━━━━━ SOURCE INFORMATION

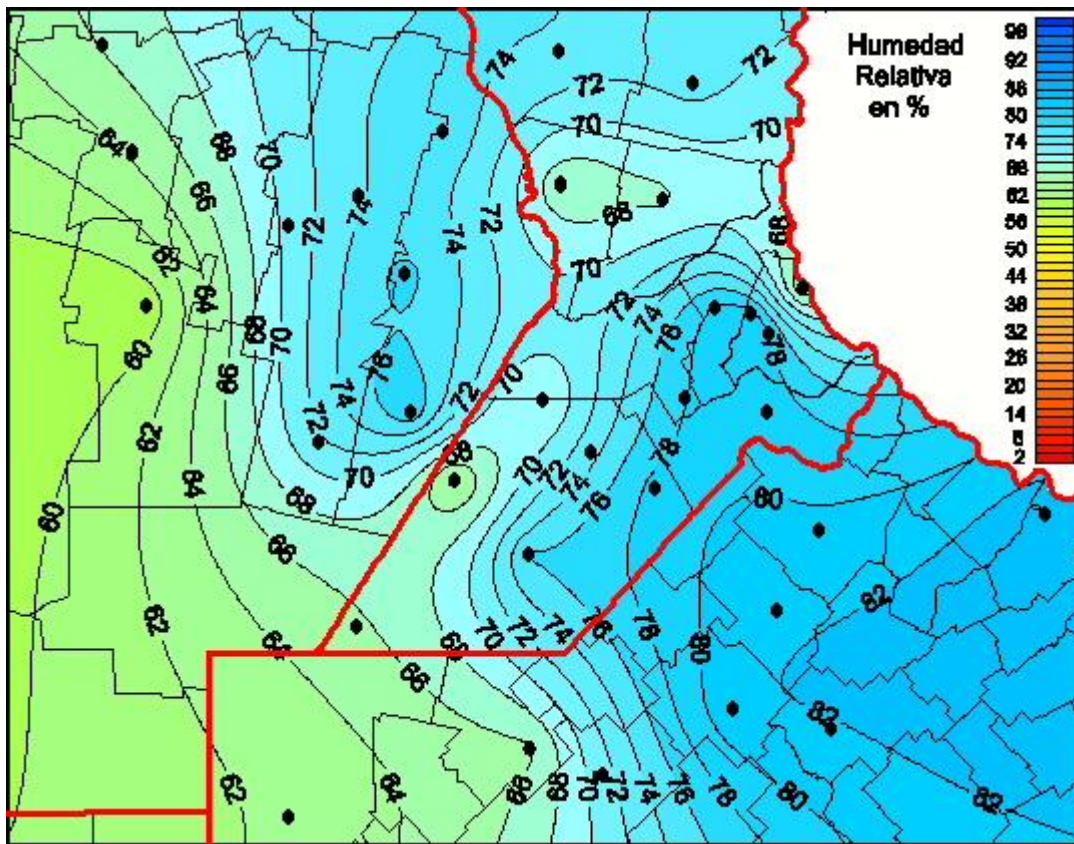

Humedad Relativa

Mapa de humedad relativa de las últimas 72 horas.
(Desde las 8:00AM hasta las 8:00AM). Se actualiza a las 10:00hs.
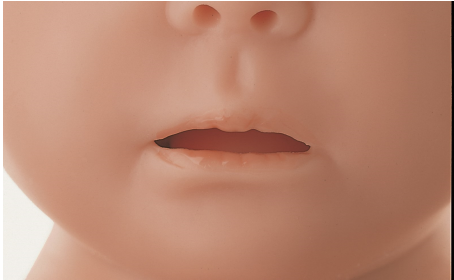

Date d'édition : 06.01.2025
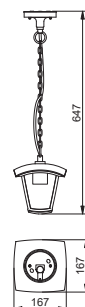

PL Oprawa ogrodowa **EN** Garden fitting **DE** Gartenleuchte **RU** Садовый светильник **CS** Zahradní svítidlo **SK** Záhradné svietidlo
HU Kerti lámpatest **HR** Vrtno rasvjetno tijelo **FR** Luminaire de jardin **ES** Luminaria para jardín **IT** Portalamпада da giardino **RO** Corp de iluminat pentru grădină **LT** Sodinis šviestuvas **LV** Dārza gaismeklis **ET** Aiavalgusti **PT** Luminária de jardim **BE** Садовы свцяльнік
UK Садовий світильник **BG** Градинско осветително тяло **SL** Vrtna svetilka **BS** Vrtno rasvjetno tijelo **SRP** Vrtno rasvjetno tijelo
SR Баштенско расветно тело **MK** Светил- ка за во градина **MO** Corp de iluminat pentru grădină
MARINA

OS-MARINADA-00

OS-MARINAUA-00

OS-MARINAP-00

OS-MARINAP3-00

OS-MARINAH-00

OS-TMG30CM-00

OS-MARINADA-00	max. 20W	750 g	5902801205583
OS-MARINAUA-00			5902801205637
OS-MARINAP-00			5902801205798
OS-MARINAP3-00			5902801205804
OS-MARINAH-00			5902801205743
OS-TMG30CM-00		500 g	5902801224645

OS-MARINADA-00

OS-MARINAUA-00

OS-MARINAP-00

OS-MARINAP3-00

OS-MARINAH-00

OS-TMG30CM-00
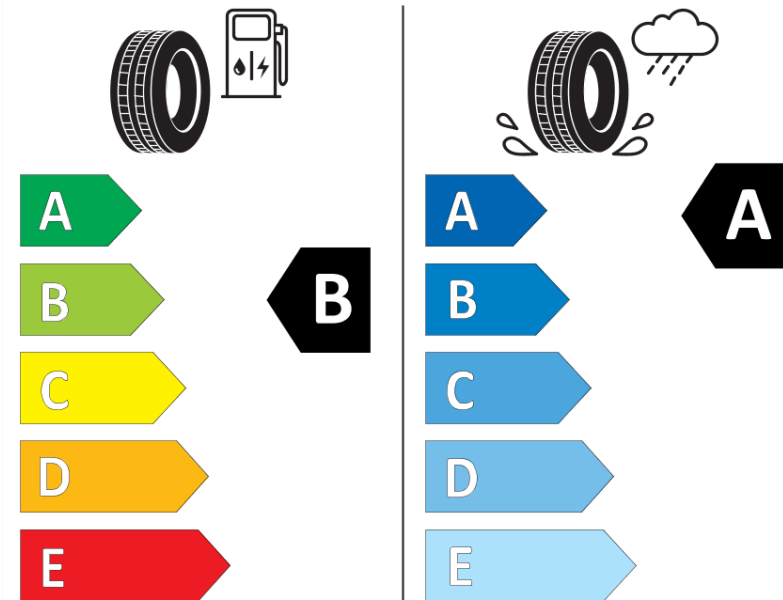

## Produktdatenblatt

Verordnung (EU) 2020/740

Marke	MICHELIN
Profilausführung	PILOT SPORT EV AC
Artikelnummer	244701
Dimension	305/30ZR21
Tragfähigkeitsindex	104
Geschwindigkeitsindex	(Y)
Kraftstoffeffizienzklasse	B
Nasshaftungsklasse	A
Klassifizierung externes Rollgeräusch	B
Externes Rollgeräusch	73 dB
Winterreifen (3PMSF)	Nein
Winterreifen für Eis	Nein
Produktionsbeginn	35/21
Produktionsende	
Version Lastindex	XL
Zusätzliche Informationen	305/30 ZR21 (104Y) XL TL PILOT SPORT EV ACOUSTIC MI

# ENERG

MICHELIN

244701

305/30ZR21 (104Y) XL

C1

2020/740
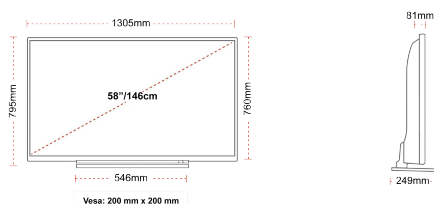

ZASLON

Velikost Zaslona (palcev / cm)	58" / 146cm
Vrsta Zaslona	DLED
Ločljivost	Ultra HD (3840 x 2160)
Svetlost	350

ZVOK

Dolby Audio™	Da
Moč zvočnega izhoda (RMS)	2x10W
Vrsta zvočnika	Down Firing
Notranji globokotonec	Ne
Zvočni načini	Music, Movie, Speech, Classic, Flat, User
DTS	Da
Izenačevalnik	Da
Onkyo	Sound by Onkyo

DOTATKI

Daljinski upravljalnik	Da
Baterije za daljinski upravljalnik	Da
Vodnik za hiter začetek	Da
Manjši daljinski upravljalnik	Ne
Podpora za RC Bluetooth	Da

VIDEO

Wide Color Gamut	Ne
HDR	Da
Dolby Vision HDR	Da
TRU Flow	Ne
TRU Resolution	Da
TRU Micro Dimming	Da

KANALNIK / KANALI

Dekodirnik HEVC (H.265)	Da
Vrsta sprejemnika	HD DVB-T2/C/S2
UHD prek satelita	Da
Dvojni Kanalnik	Ne
Elektronski Programski Vodič (EPG)	Da
Samodejno Iskanje	Da
Število shranjenih kanalov (digitalnih S/S2)	10000
Število shranjenih kanalov (digitalnih T/T2/C)	800

PRIKLJUČKI

CI+	Da
HDMI™	4 HDMI
USB	2 USB
Komponentni vhod (YPbPr)	via VGA
Kompozitni video/avdio vhod	Da
Scart	Ne
Ethernet	Da
Sortie casque	Da
Vhod za anteno	Da
VGA (PC vhod - D-Sub15)	Da

FUNKCIJE SMART TV

HBBTV ver 2.0.2	Da
Smart Portal	Android TV
Toshiba TV Smart Center	Ne
Spletni brskalnik	Downloadable
Netflix	Da
YouTube™	Da
Freeview Play	Ne
Bluetooth	Da
Zrcaljenje zaslona	Chromecast
Prime Video	Da
Google Assistant	Da
Google Play Store	Da
Amazon Alexa	Ne

MEHANSKO

Mere s paketom (mm)	1430 x 154 x 884
Mere brez paketa (mm)	1305 x 249 x 795
Mere brez stojala (mm)	1305 x 81 x 760
Bruto teža (kg)	22
Neto teža (kg)	18
Stenski nosilec VESA ŠxV	200mm x 200mm
Velikost vijaka	M

MOČ / ENERGIJA

Poraba energije v pripravljenosti (povprečje)	<0.5W
Delovna napetost - frekvenca	220-240VAC 50Hz
Svetilnost (%)	72%
12V TV (Mobile TV)	Ne
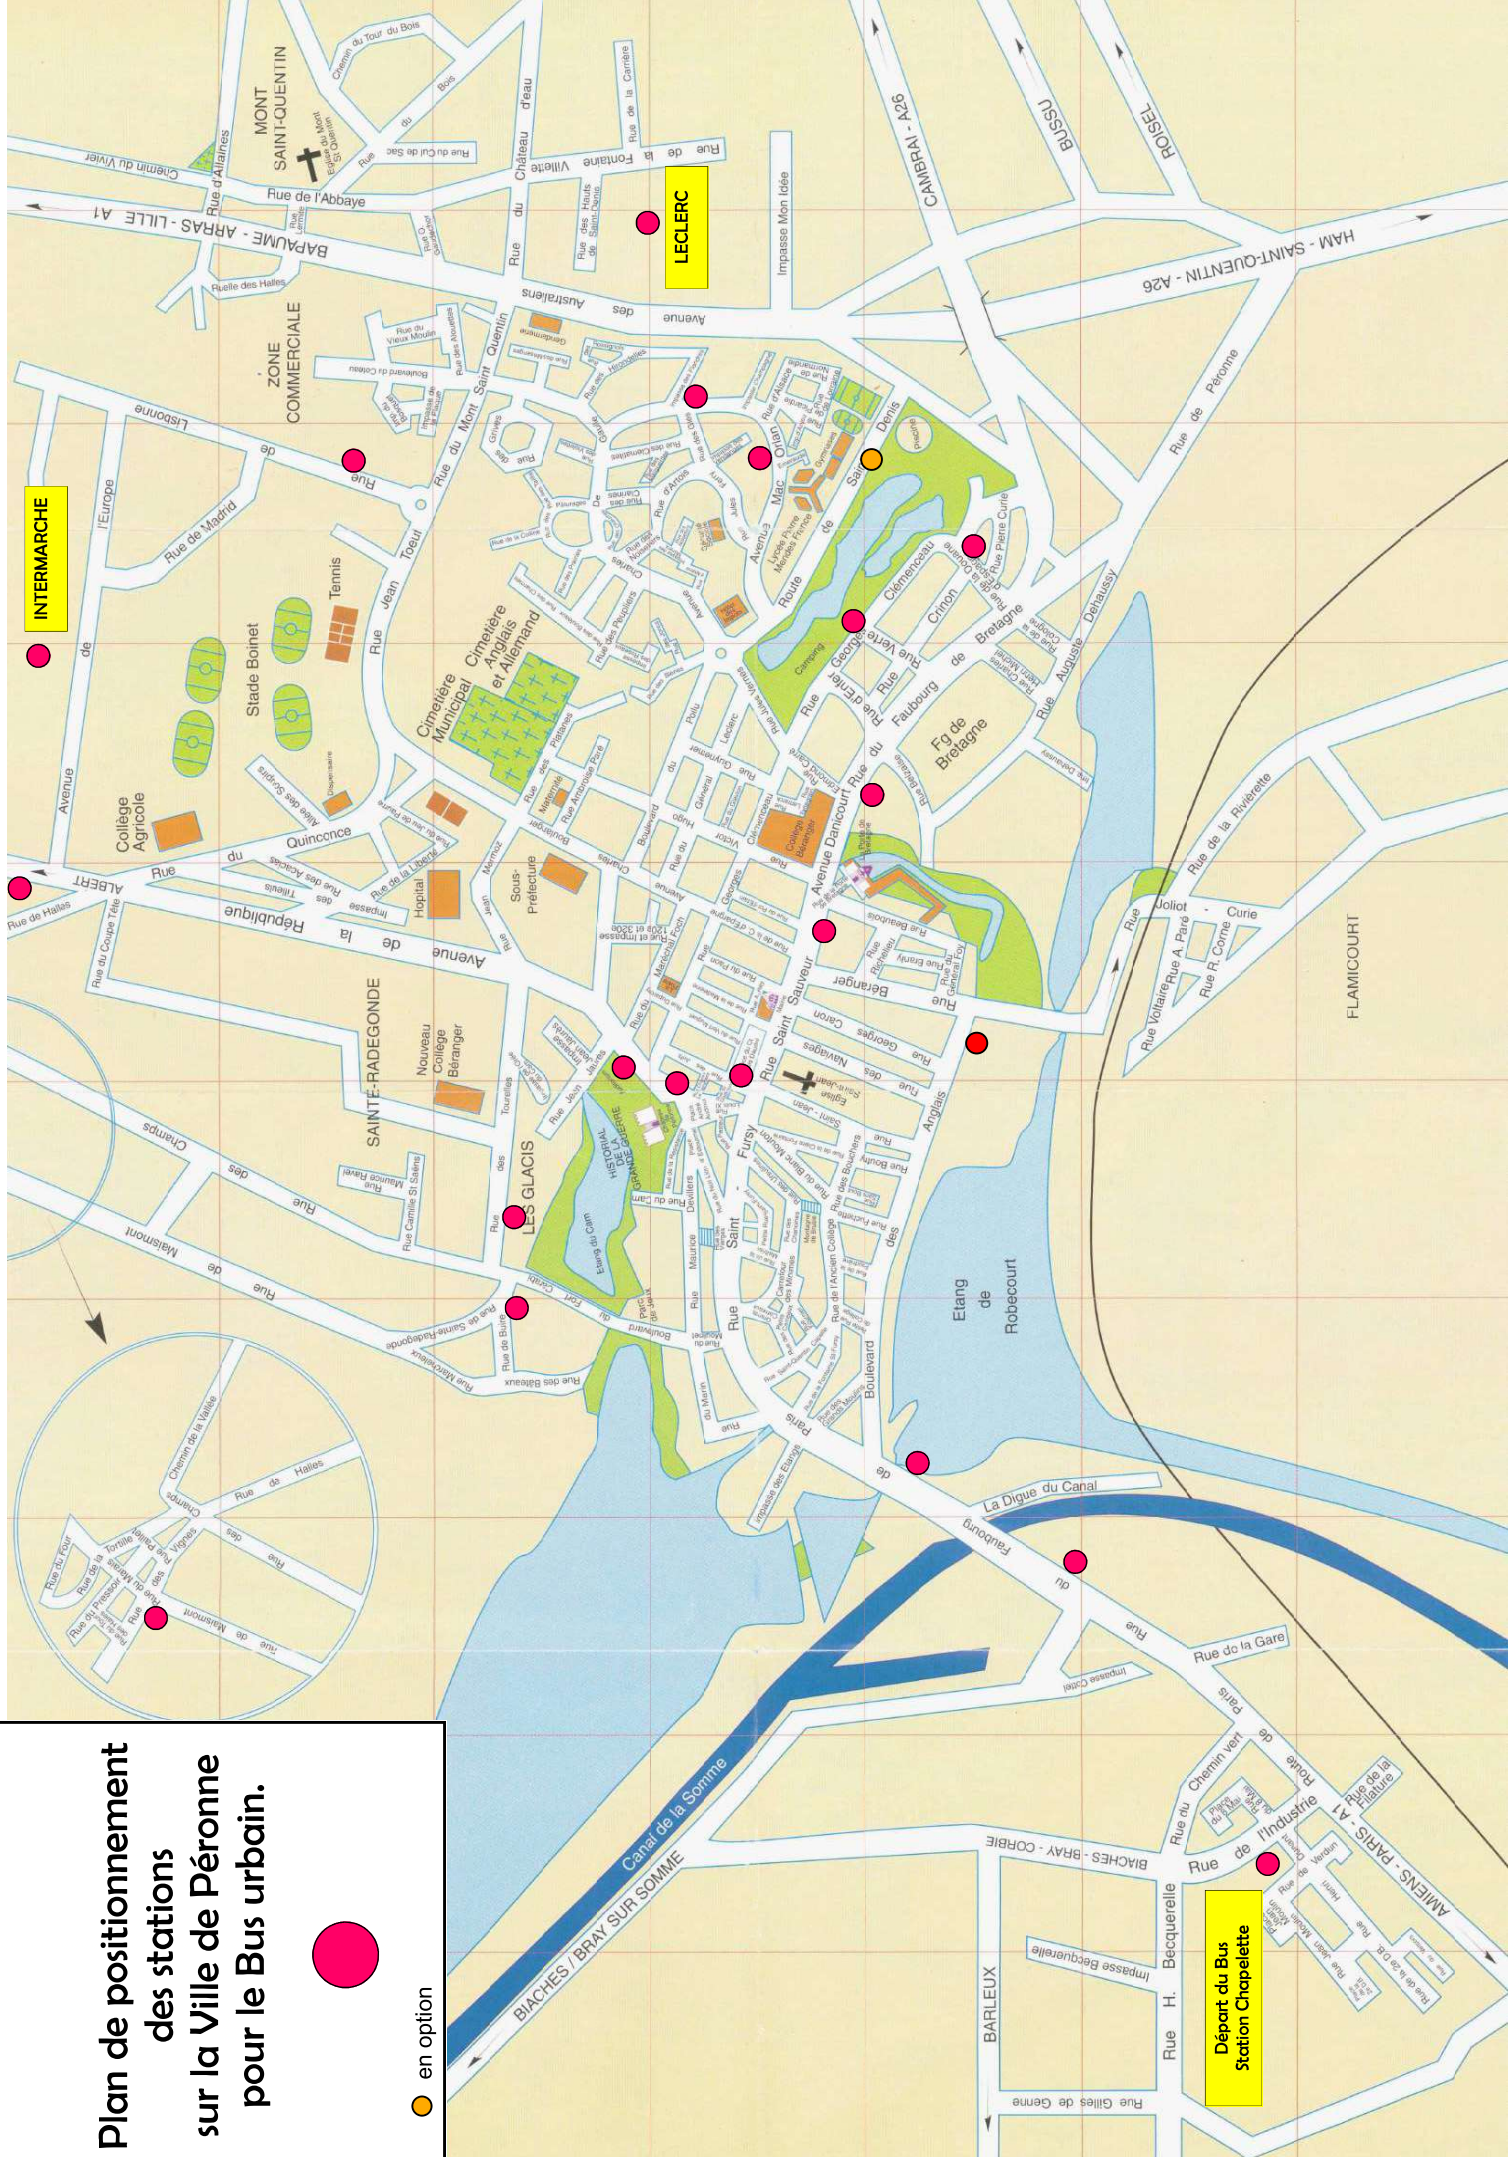

Plan de positionnement des stations sur la Ville de Péronne pour le Bus urbain.

● en option

Départ du Bus
Station Choppelette

LECLERC

INTERMARCHÉ

━━━━━━━━━━

• WORK INSTRUCTION: Rewrite the data above exactly as given, but omit the images.

• RESPONSE:
Humedad Relativa

Mapa de humedad relativa de las últimas 72 horas.
(Desde las 8:00AM hasta las 8:00AM). Se actualiza a las 10:00hs.

Date d'édition : 06.01.2025

PL Oprawa ogrodowa **EN** Garden fitting **DE** Gartenleuchte **RU** Садовый светильник **CS** Zahradní svítidlo **SK** Záhradné svietidlo
HU Kerti lámpatest **HR** Vrtno rasvjetno tijelo **FR** Luminaire de jardin **ES** Luminaria para jardín **IT** Portalamпада da giardino **RO** Corp de iluminat pentru grădină **LT** Sodinis šviestuvas **LV** Dārza gaismeklis **ET** Aiavalgusti **PT** Luminária de jardim **BE** Садовы свцяльнік
UK Садовий світильник **BG** Градинско осветително тяло **SL** Vrtna svetilka **BS** Vrtno rasvjetno tijelo **SRP** Vrtno rasvjetno tijelo
SR Баштенско расветно тело **MK** Светил- ка за во градина **MO** Corp de iluminat pentru grădină
MARINA

OS-MARINADA-00

OS-MARINAUA-00

OS-MARINAP-00

OS-MARINAP3-00

OS-MARINAH-00

OS-TMG30CM-00

OS-MARINADA-00	max. 20W	750 g	5902801205583
OS-MARINAUA-00			5902801205637
OS-MARINAP-00			5902801205798
OS-MARINAP3-00			5902801205804
OS-MARINAH-00			5902801205743
OS-TMG30CM-00		500 g	5902801224645

OS-MARINADA-00

OS-MARINAUA-00

OS-MARINAP-00

OS-MARINAP3-00

OS-MARINAH-00

OS-TMG30CM-00

## Produktdatenblatt

Verordnung (EU) 2020/740

Marke	MICHELIN
Profilausführung	PILOT SPORT EV AC
Artikelnummer	244701
Dimension	305/30ZR21
Tragfähigkeitsindex	104
Geschwindigkeitsindex	(Y)
Kraftstoffeffizienzklasse	B
Nasshaftungsklasse	A
Klassifizierung externes Rollgeräusch	B
Externes Rollgeräusch	73 dB
Winterreifen (3PMSF)	Nein
Winterreifen für Eis	Nein
Produktionsbeginn	35/21
Produktionsende	
Version Lastindex	XL
Zusätzliche Informationen	305/30 ZR21 (104Y) XL TL PILOT SPORT EV ACOUSTIC MI

# ENERG

MICHELIN

244701

305/30ZR21 (104Y) XL

C1

2020/740

ZASLON

Velikost Zaslona (palcev / cm)	58" / 146cm
Vrsta Zaslona	DLED
Ločljivost	Ultra HD (3840 x 2160)
Svetlost	350

ZVOK

Dolby Audio™	Da
Moč zvočnega izhoda (RMS)	2x10W
Vrsta zvočnika	Down Firing
Notranji globokotonec	Ne
Zvočni načini	Music, Movie, Speech, Classic, Flat, User
DTS	Da
Izenačevalnik	Da
Onkyo	Sound by Onkyo

DOTATKI

Daljinski upravljalnik	Da
Baterije za daljinski upravljalnik	Da
Vodnik za hiter začetek	Da
Manjši daljinski upravljalnik	Ne
Podpora za RC Bluetooth	Da

VIDEO

Wide Color Gamut	Ne
HDR	Da
Dolby Vision HDR	Da
TRU Flow	Ne
TRU Resolution	Da
TRU Micro Dimming	Da

KANALNIK / KANALI

Dekodirnik HEVC (H.265)	Da
Vrsta sprejemnika	HD DVB-T2/C/S2
UHD prek satelita	Da
Dvojni Kanalnik	Ne
Elektronski Programski Vodič (EPG)	Da
Samodejno Iskanje	Da
Število shranjenih kanalov (digitalnih S/S2)	10000
Število shranjenih kanalov (digitalnih T/T2/C)	800

PRIKLJUČKI

CI+	Da
HDMI™	4 HDMI
USB	2 USB
Komponentni vhod (YPbPr)	via VGA
Kompozitni video/avdio vhod	Da
Scart	Ne
Ethernet	Da
Sortie casque	Da
Vhod za anteno	Da
VGA (PC vhod - D-Sub15)	Da

FUNKCIJE SMART TV

HBBTV ver 2.0.2	Da
Smart Portal	Android TV
Toshiba TV Smart Center	Ne
Spletni brskalnik	Downloadable
Netflix	Da
YouTube™	Da
Freeview Play	Ne
Bluetooth	Da
Zrcaljenje zaslona	Chromecast
Prime Video	Da
Google Assistant	Da
Google Play Store	Da
Amazon Alexa	Ne

MEHANSKO

Mere s paketom (mm)	1430 x 154 x 884
Mere brez paketa (mm)	1305 x 249 x 795
Mere brez stojala (mm)	1305 x 81 x 760
Bruto teža (kg)	22
Neto teža (kg)	18
Stenski nosilec VESA ŠxV	200mm x 200mm
Velikost vijaka	M

MOČ / ENERGIJA

Poraba energije v pripravljenosti (povprečje)	<0.5W
Delovna napetost - frekvenca	220-240VAC 50Hz
Svetilnost (%)	72%
12V TV (Mobile TV)	Ne

Plan de positionnement des stations sur la Ville de Péronne pour le Bus urbain.

● en option

Départ du Bus
Station Choppelette

LECLERC

INTERMARCHÉ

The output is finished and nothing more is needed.